Dataset items:
──────────
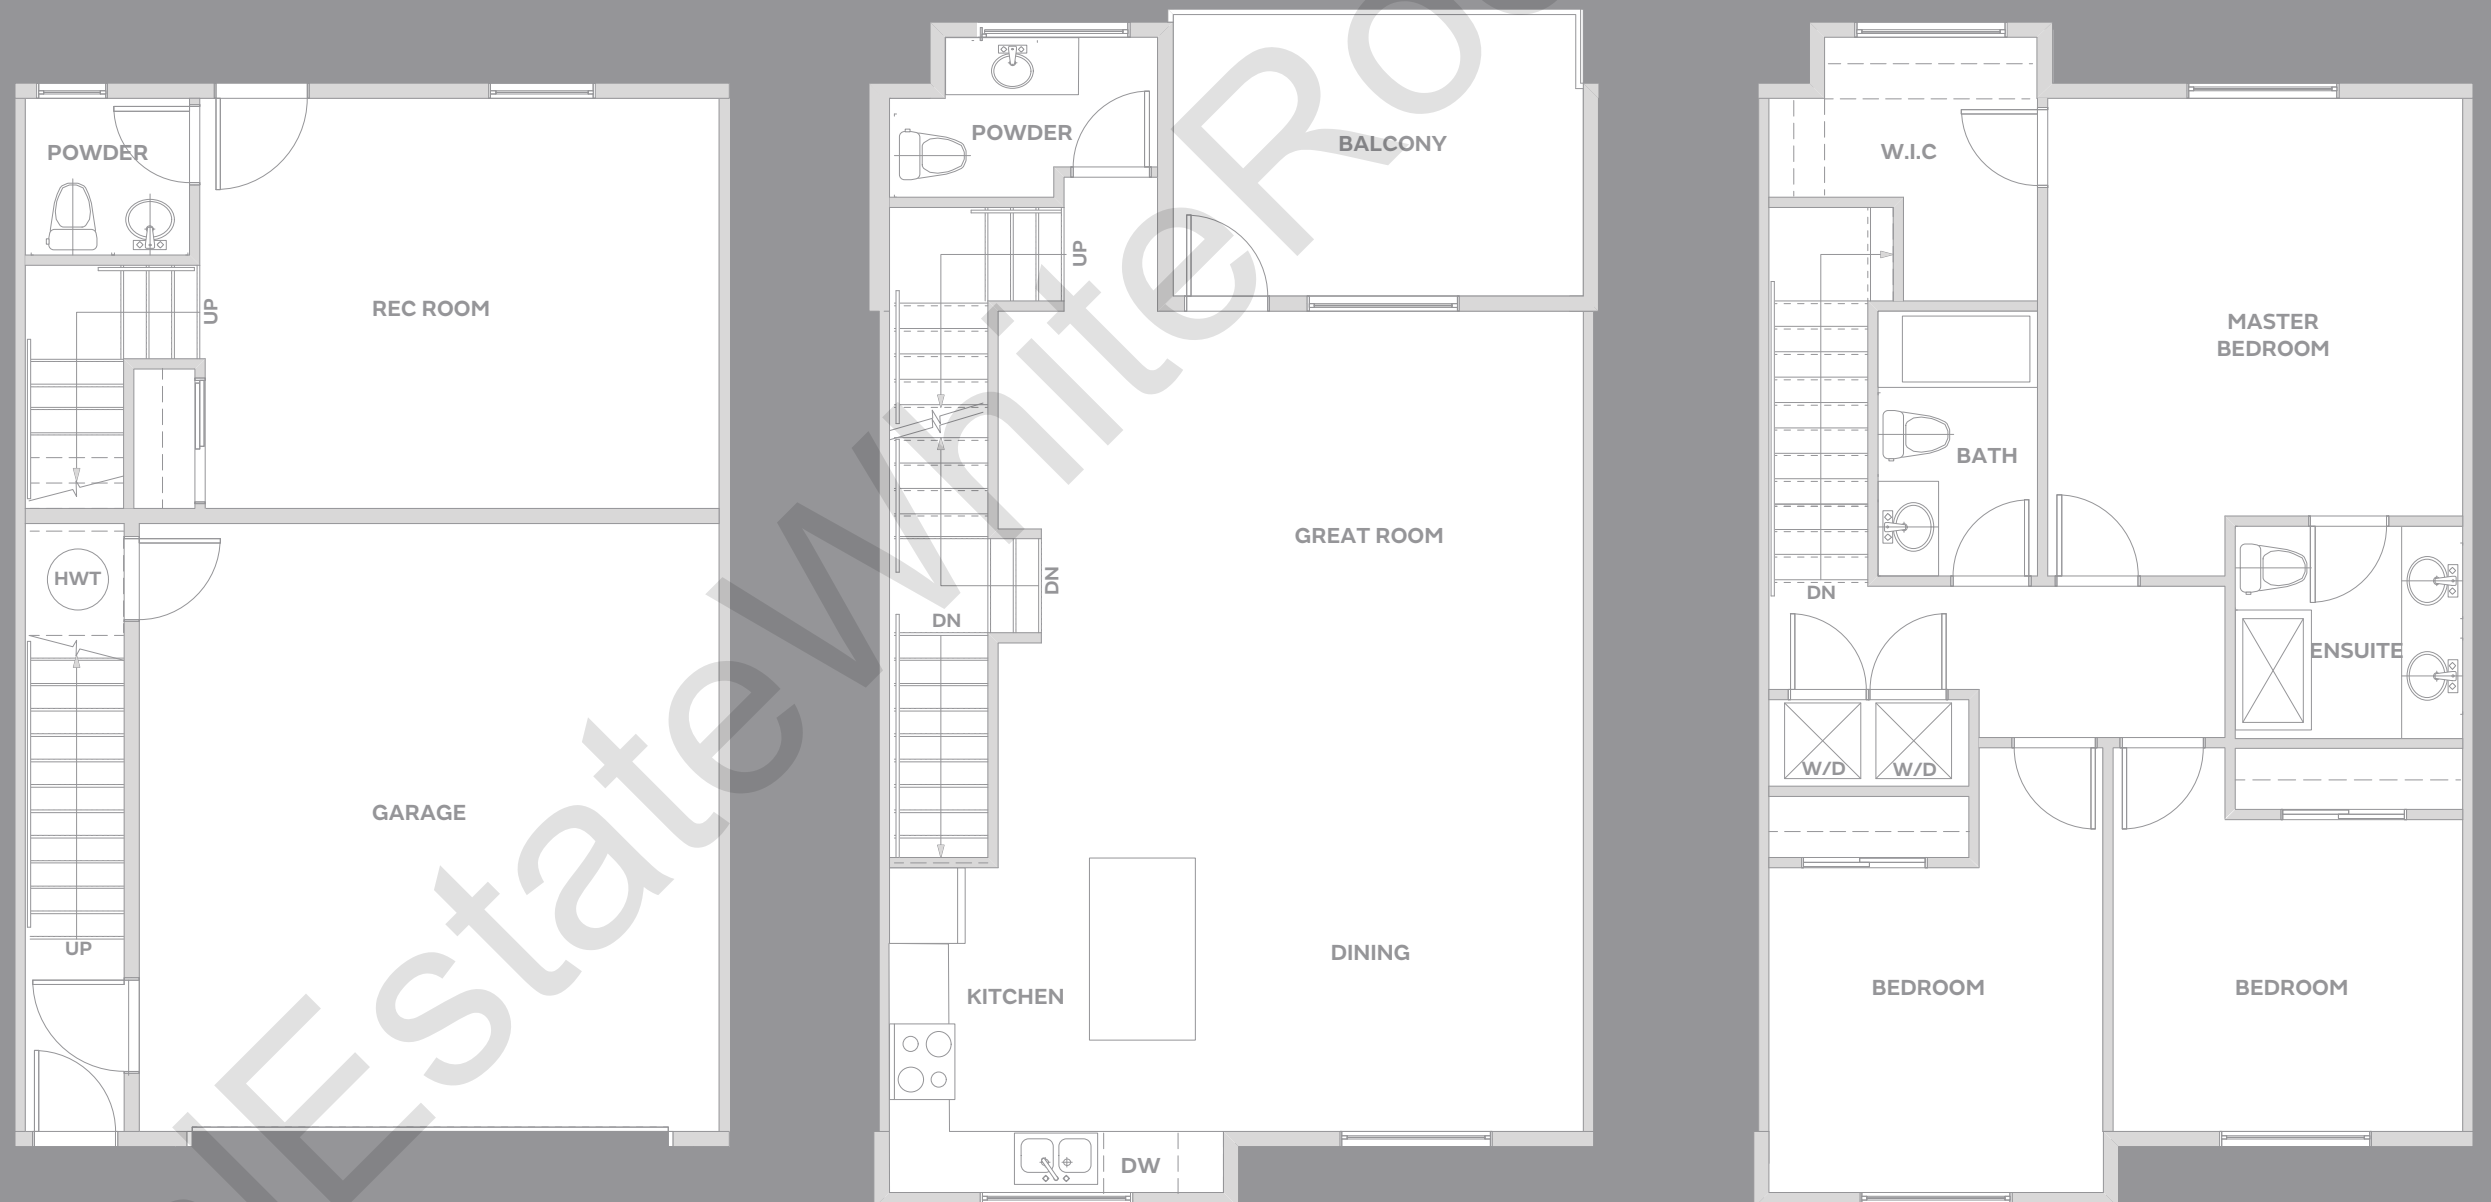

THE SMITH

SPACIOUS. SOPHISTICATED. CLASSIC.

D

3 BEDROOM + REC ROOM
2 FULL BATH + 2 HALF BATH

2042 SF

GROUND

MAIN

UPPER
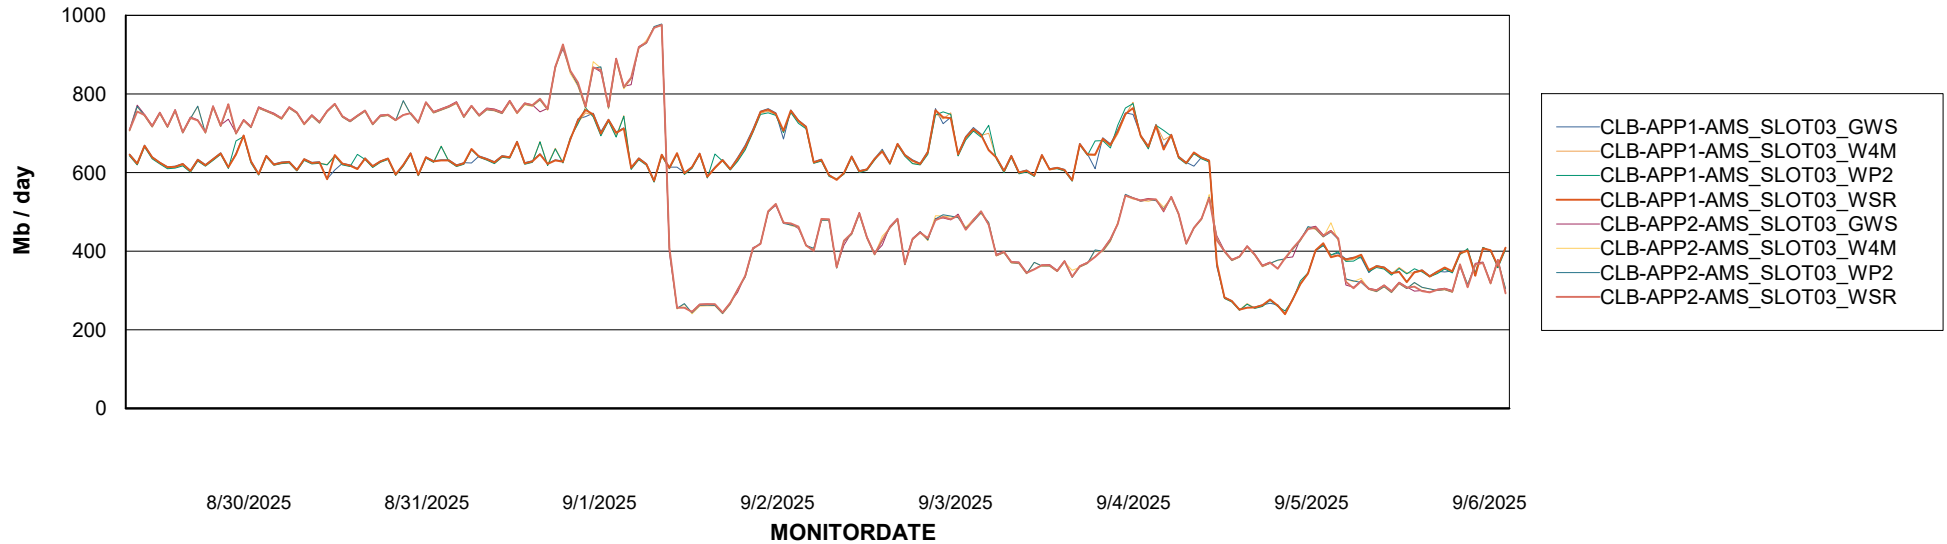

ABSSolute Web Component Services

Avg memory used per ABS Web component
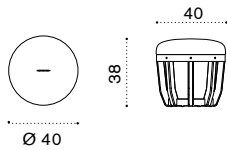

 → 5 

Pouf Ø 40 h46

pickled teak + seat cushion SWPM12D__T5
natural teak + seat cushion SWPM12D__T1

 → 6,5 

Pouf Ø 60 h38

pickled teak + seat cushion SWPM21D__T5
natural teak + seat cushion SWPM21D__T1

 → 10,5 
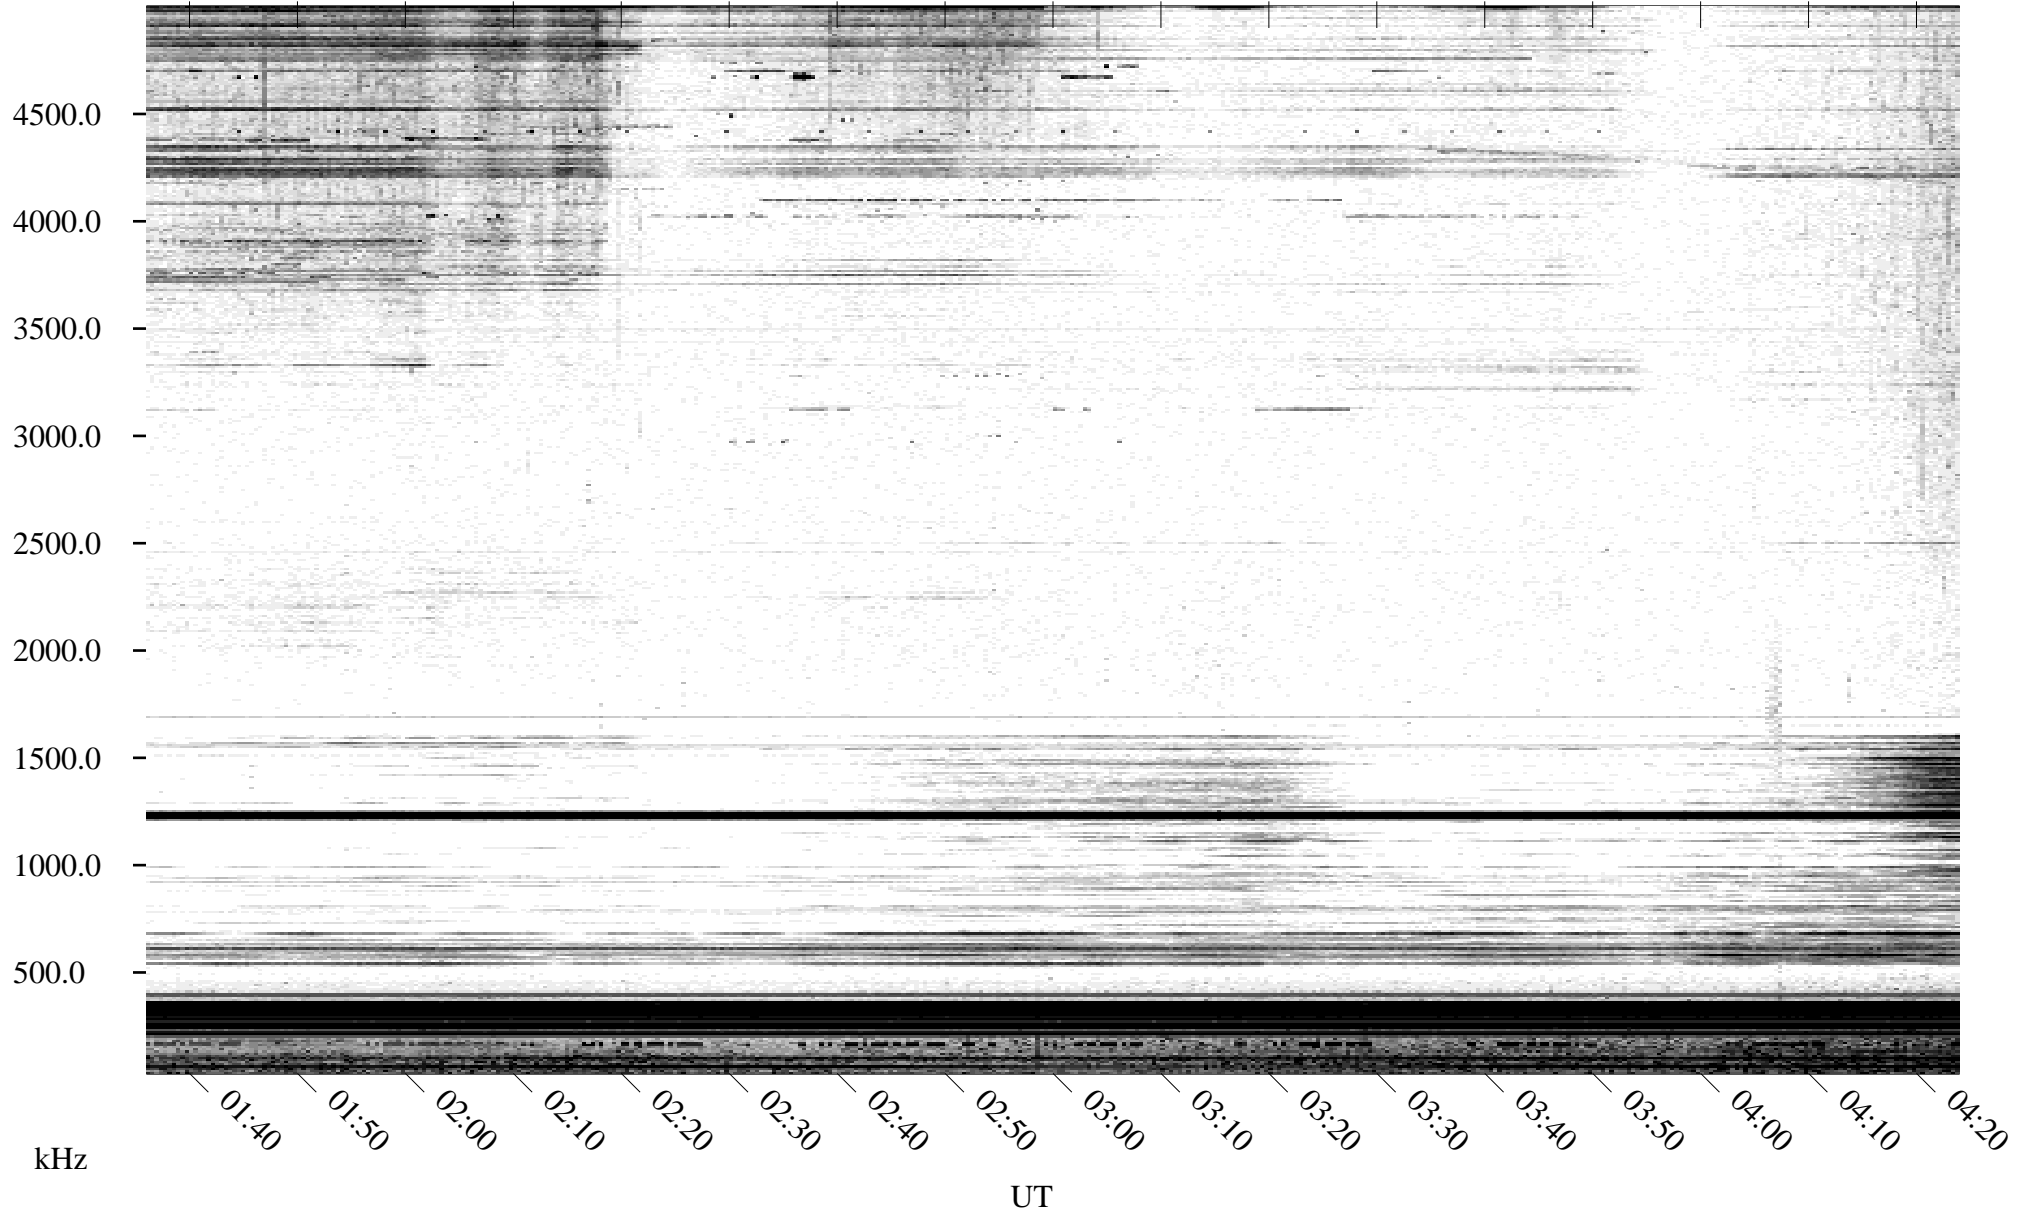

06/09/1995 Churchill, Manitoba

Linear Scale Black = 161 White = 15

ch95160l.r01m max_12

Page 1

06/09/1995 Churchill, Manitoba

Linear Scale Black = 161 White = 15

ch95160l.r01m max_12

Page 2

06/10/1995 Churchill, Manitoba

Linear Scale Black = 161 White = 15

ch95160l.r01m max_12

Page 3

06/10/1995 Churchill, Manitoba

Linear Scale Black = 161 White = 15

ch95160l.r01m max_12

Page 4

06/10/1995 Churchill, Manitoba

Linear Scale Black = 161 White = 15

ch95160l.r01m max_12

Page 5

06/10/1995 Churchill, Manitoba

Linear Scale Black = 161 White = 15

ch95160l.r01m max_12

Page 6

06/10/1995 Churchill, Manitoba

Linear Scale Black = 161 White = 15

ch95160l.r01m max_12

Page 7

06/10/1995 Churchill, Manitoba

Linear Scale Black = 161 White = 15

ch95160l.r01m max_12

Page 8
──────────
_PROBLEM DETAILS_
Could you print all of the entries above exactly as written, minus the pictures?

_THE ANSWER_
THE SMITH

SPACIOUS. SOPHISTICATED. CLASSIC.

D

3 BEDROOM + REC ROOM
2 FULL BATH + 2 HALF BATH

2042 SF

GROUND

MAIN

UPPER

ABSSolute Web Component Services

Avg memory used per ABS Web component

 → 5 

Pouf Ø 40 h46

pickled teak + seat cushion SWPM12D__T5
natural teak + seat cushion SWPM12D__T1

 → 6,5 

Pouf Ø 60 h38

pickled teak + seat cushion SWPM21D__T5
natural teak + seat cushion SWPM21D__T1

 → 10,5 

06/09/1995 Churchill, Manitoba

Linear Scale Black = 161 White = 15

ch95160l.r01m max_12

Page 1

06/09/1995 Churchill, Manitoba

Linear Scale Black = 161 White = 15

ch95160l.r01m max_12

Page 2

06/10/1995 Churchill, Manitoba

Linear Scale Black = 161 White = 15

ch95160l.r01m max_12

Page 3

06/10/1995 Churchill, Manitoba

Linear Scale Black = 161 White = 15

ch95160l.r01m max_12

Page 4

06/10/1995 Churchill, Manitoba

Linear Scale Black = 161 White = 15

ch95160l.r01m max_12

Page 5

06/10/1995 Churchill, Manitoba

Linear Scale Black = 161 White = 15

ch95160l.r01m max_12

Page 6

06/10/1995 Churchill, Manitoba

Linear Scale Black = 161 White = 15

ch95160l.r01m max_12

Page 7

06/10/1995 Churchill, Manitoba

Linear Scale Black = 161 White = 15

ch95160l.r01m max_12

Page 8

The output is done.